We know that the subproblems generated by divide and conquer are independent of each other, so they can typically be solved in parallel. This means divide and conquer can not only reduce the time complexity of algorithms, but also benefits from parallel optimization by operating systems.

Parallel optimization is particularly effective in multi-core or multi-processor environments, as the system can simultaneously handle multiple subproblems, making fuller use of computing resources and significantly reducing overall runtime.

For example, in the "bucket sort" shown in Figure 12-3, we evenly distribute massive data into various buckets, and the sorting tasks for all buckets can be distributed to various computing units. After completion, the results are merged.
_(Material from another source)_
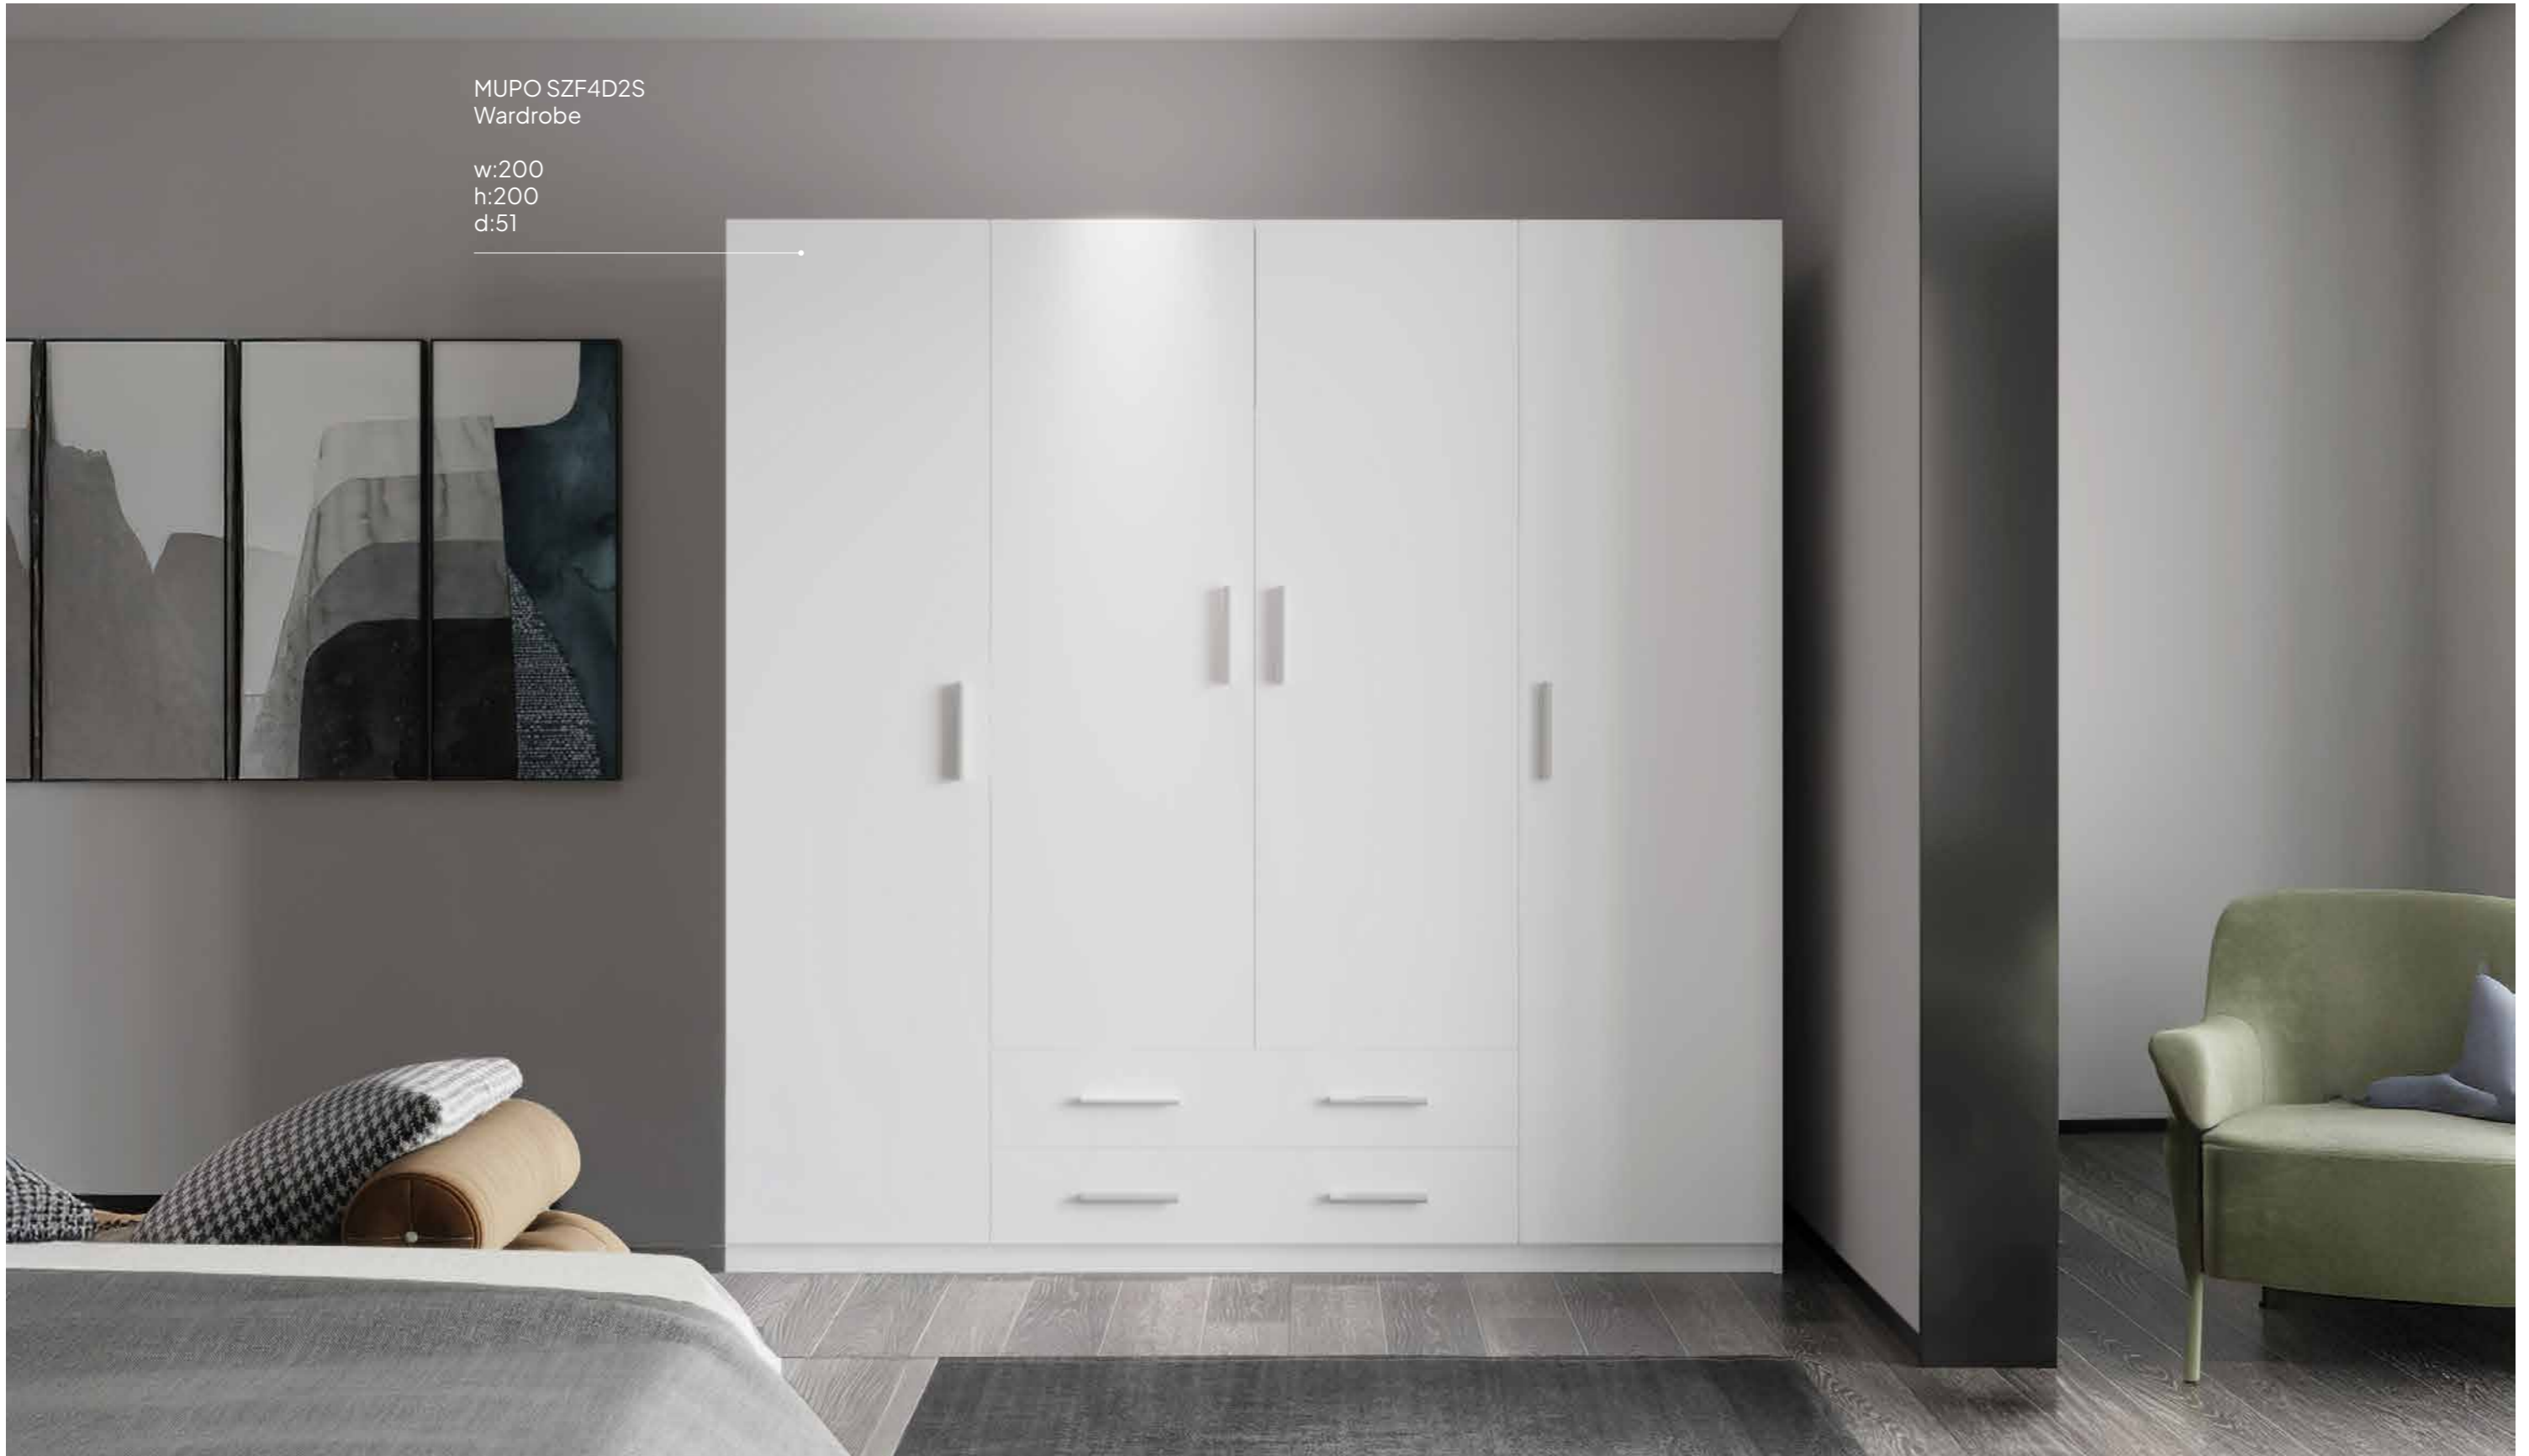

MUPO SZF4D2S
Wardrobe

w:200
h:200
d:51

Figure 12-3 Parallel computation in bucket sort

12.1.3 Common Applications of Divide and Conquer¶

On one hand, divide and conquer can be used to solve many classic algorithmic problems.

Finding the closest pair of points: This algorithm first divides the point set into two parts, then finds the closest pair of points in each part separately, and finally finds the closest pair of points that spans both parts.
Large integer multiplication: For example, the Karatsuba algorithm, which decomposes large integer multiplication into several smaller integer multiplications and additions.
Matrix multiplication: For example, the Strassen algorithm, which decomposes large matrix multiplication into multiple small matrix multiplications and additions.
Hanota problem: The hanota problem can be solved through recursion, which is a typical application of the divide and conquer strategy.
Solving inversion pairs: In a sequence, if a preceding number is greater than a following number, these two numbers form an inversion pair. Solving the inversion pair problem can utilize the divide and conquer approach with the help of merge sort.

On the other hand, divide and conquer is widely applied in the design of algorithms and data structures.

Binary search: Binary search divides a sorted array into two parts from the midpoint index, then decides which half to eliminate based on the comparison result between the target value and the middle element value, and performs the same binary operation on the remaining interval.
Merge sort: Already introduced at the beginning of this section, no further elaboration needed.
Quick sort: Quick sort selects a pivot value, then divides the array into two subarrays, one with elements smaller than the pivot and the other with elements larger than the pivot, then performs the same division operation on these two parts until the subarrays have only one element.
Bucket sort: The basic idea of bucket sort is to scatter data into multiple buckets, then sort the elements within each bucket, and finally extract the elements from each bucket in sequence to obtain a sorted array.
Trees: For example, binary search trees, AVL trees, red-black trees, B-trees, B+ trees, etc. Their search, insertion, and deletion operations can all be viewed as applications of the divide and conquer strategy.
Heaps: A heap is a special complete binary tree, and its various operations, such as insertion, deletion, and heapify, actually imply the divide and conquer idea.
Hash tables: Although hash tables do not directly apply divide and conquer, some hash collision resolution solutions indirectly apply the divide and conquer strategy. For example, long linked lists in chaining may be converted to red-black trees to improve query efficiency.

It can be seen that divide and conquer is a "subtly pervasive" algorithmic idea, embedded in various algorithms and data structures.